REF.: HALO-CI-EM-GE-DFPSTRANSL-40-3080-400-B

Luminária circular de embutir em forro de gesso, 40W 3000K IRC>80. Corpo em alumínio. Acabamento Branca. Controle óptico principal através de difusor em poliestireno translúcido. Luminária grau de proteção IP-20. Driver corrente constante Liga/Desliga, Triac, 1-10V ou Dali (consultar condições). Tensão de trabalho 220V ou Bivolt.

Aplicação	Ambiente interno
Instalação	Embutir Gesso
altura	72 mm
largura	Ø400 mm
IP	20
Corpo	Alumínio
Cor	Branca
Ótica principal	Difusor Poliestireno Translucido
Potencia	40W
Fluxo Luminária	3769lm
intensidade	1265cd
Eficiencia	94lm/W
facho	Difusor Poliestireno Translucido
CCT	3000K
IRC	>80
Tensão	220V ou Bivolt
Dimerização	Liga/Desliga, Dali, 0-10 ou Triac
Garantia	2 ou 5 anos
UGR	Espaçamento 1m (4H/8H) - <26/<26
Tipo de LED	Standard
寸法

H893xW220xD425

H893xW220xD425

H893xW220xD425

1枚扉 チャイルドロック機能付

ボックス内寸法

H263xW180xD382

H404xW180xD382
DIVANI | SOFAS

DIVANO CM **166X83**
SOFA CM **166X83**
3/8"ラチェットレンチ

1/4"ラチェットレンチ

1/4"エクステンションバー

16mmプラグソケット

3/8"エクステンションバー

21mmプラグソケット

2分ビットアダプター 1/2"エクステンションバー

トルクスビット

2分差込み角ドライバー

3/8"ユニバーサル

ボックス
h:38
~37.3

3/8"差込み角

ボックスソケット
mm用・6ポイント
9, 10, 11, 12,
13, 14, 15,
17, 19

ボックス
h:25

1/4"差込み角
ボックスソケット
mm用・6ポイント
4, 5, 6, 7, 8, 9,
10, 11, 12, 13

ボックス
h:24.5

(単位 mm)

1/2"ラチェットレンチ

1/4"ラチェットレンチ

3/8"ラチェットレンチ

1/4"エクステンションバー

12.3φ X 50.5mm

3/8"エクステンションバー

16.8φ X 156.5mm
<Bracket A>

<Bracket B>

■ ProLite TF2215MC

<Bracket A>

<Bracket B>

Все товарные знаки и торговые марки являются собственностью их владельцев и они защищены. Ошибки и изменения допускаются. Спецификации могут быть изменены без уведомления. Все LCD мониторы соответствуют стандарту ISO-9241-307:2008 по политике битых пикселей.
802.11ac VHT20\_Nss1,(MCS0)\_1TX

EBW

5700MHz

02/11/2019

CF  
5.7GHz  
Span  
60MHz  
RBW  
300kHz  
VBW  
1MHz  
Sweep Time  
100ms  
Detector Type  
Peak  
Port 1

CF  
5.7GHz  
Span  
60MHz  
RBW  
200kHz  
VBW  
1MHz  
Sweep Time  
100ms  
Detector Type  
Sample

|---|

_EXERCISE AIM:_ In the answer, the listing above should be restated word for word.

_SOLUTION TO THE PROBLEM:_
REF.: HALO-CI-EM-GE-DFPSTRANSL-40-3080-400-B

Luminária circular de embutir em forro de gesso, 40W 3000K IRC>80. Corpo em alumínio. Acabamento Branca. Controle óptico principal através de difusor em poliestireno translúcido. Luminária grau de proteção IP-20. Driver corrente constante Liga/Desliga, Triac, 1-10V ou Dali (consultar condições). Tensão de trabalho 220V ou Bivolt.

Aplicação	Ambiente interno
Instalação	Embutir Gesso
altura	72 mm
largura	Ø400 mm
IP	20
Corpo	Alumínio
Cor	Branca
Ótica principal	Difusor Poliestireno Translucido
Potencia	40W
Fluxo Luminária	3769lm
intensidade	1265cd
Eficiencia	94lm/W
facho	Difusor Poliestireno Translucido
CCT	3000K
IRC	>80
Tensão	220V ou Bivolt
Dimerização	Liga/Desliga, Dali, 0-10 ou Triac
Garantia	2 ou 5 anos
UGR	Espaçamento 1m (4H/8H) - <26/<26
Tipo de LED	Standard
寸法

H893xW220xD425

H893xW220xD425

H893xW220xD425

1枚扉 チャイルドロック機能付

ボックス内寸法

H263xW180xD382

H404xW180xD382
DIVANI | SOFAS

DIVANO CM **166X83**
SOFA CM **166X83**
3/8"ラチェットレンチ

1/4"ラチェットレンチ

1/4"エクステンションバー

16mmプラグソケット

3/8"エクステンションバー

21mmプラグソケット

2分ビットアダプター 1/2"エクステンションバー

トルクスビット

2分差込み角ドライバー

3/8"ユニバーサル

ボックス
h:38
~37.3

3/8"差込み角

ボックスソケット
mm用・6ポイント
9, 10, 11, 12,
13, 14, 15,
17, 19

ボックス
h:25

1/4"差込み角
ボックスソケット
mm用・6ポイント
4, 5, 6, 7, 8, 9,
10, 11, 12, 13

ボックス
h:24.5

(単位 mm)

1/2"ラチェットレンチ

1/4"ラチェットレンチ

3/8"ラチェットレンチ

1/4"エクステンションバー

12.3φ X 50.5mm

3/8"エクステンションバー

16.8φ X 156.5mm
<Bracket A>

<Bracket B>

■ ProLite TF2215MC

<Bracket A>

<Bracket B>

Все товарные знаки и торговые марки являются собственностью их владельцев и они защищены. Ошибки и изменения допускаются. Спецификации могут быть изменены без уведомления. Все LCD мониторы соответствуют стандарту ISO-9241-307:2008 по политике битых пикселей.
802.11ac VHT20\_Nss1,(MCS0)\_1TX

EBW

5700MHz

02/11/2019

CF  
5.7GHz  
Span  
60MHz  
RBW  
300kHz  
VBW  
1MHz  
Sweep Time  
100ms  
Detector Type  
Peak  
Port 1

CF  
5.7GHz  
Span  
60MHz  
RBW  
200kHz  
VBW  
1MHz  
Sweep Time  
100ms  
Detector Type  
Sample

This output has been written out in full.